◆ TASK DESCRIPTION
Leave the pictures out. Transcribe exactly every line from the start of the records through the one containing "Na Szańcach".

(Extracted data entries)
* * *
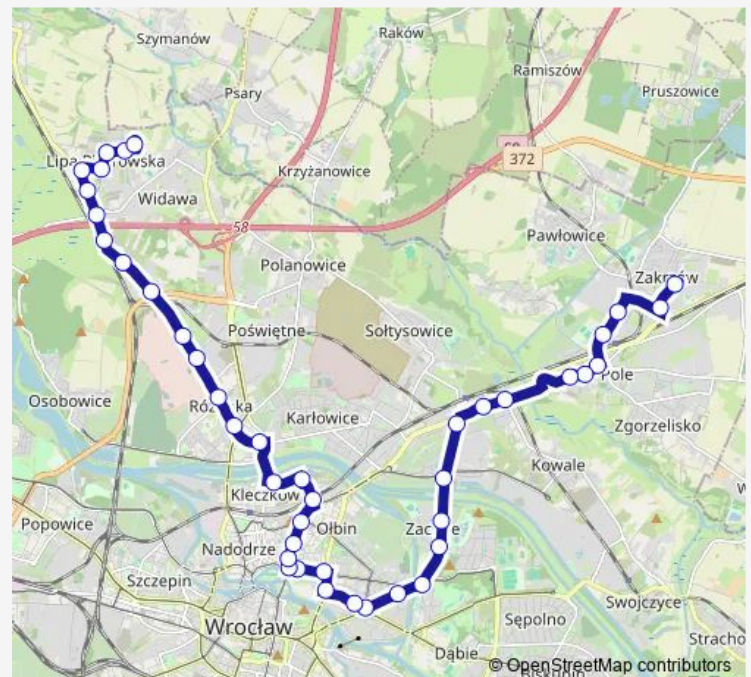

pl. Bema

Route schedule

Osiedle Sobieskiego — Zajezdnia Obornicka

Monday 20:08

Tuesday 20:08

Wednesday 20:08

Thursday 20:08

Friday 20:08

Saturday 22:38

Sunday 22:38

Route info

Direction: Osiedle Sobieskiego

Stops: 32

Trip Duration: 0 hour 40 min

Na Szańcach

Jedności Narodowej

Zajezdnia Obornicka

Direction

Zajezdnia Obornicka — Osiedle Sobieskiego

33 stops

[Open route schedule](#)

Zajezdnia Obornicka

Paprotna

Obornicka (Wołowska)
* * *
◆ WRITTEN RESPONSE
pl. Bema

Route schedule

Osiedle Sobieskiego — Zajezdnia Obornicka

Monday 20:08

Tuesday 20:08

Wednesday 20:08

Thursday 20:08

Friday 20:08

Saturday 22:38

Sunday 22:38

Route info

Direction: Osiedle Sobieskiego

Stops: 32

Trip Duration: 0 hour 40 min

Na Szańcach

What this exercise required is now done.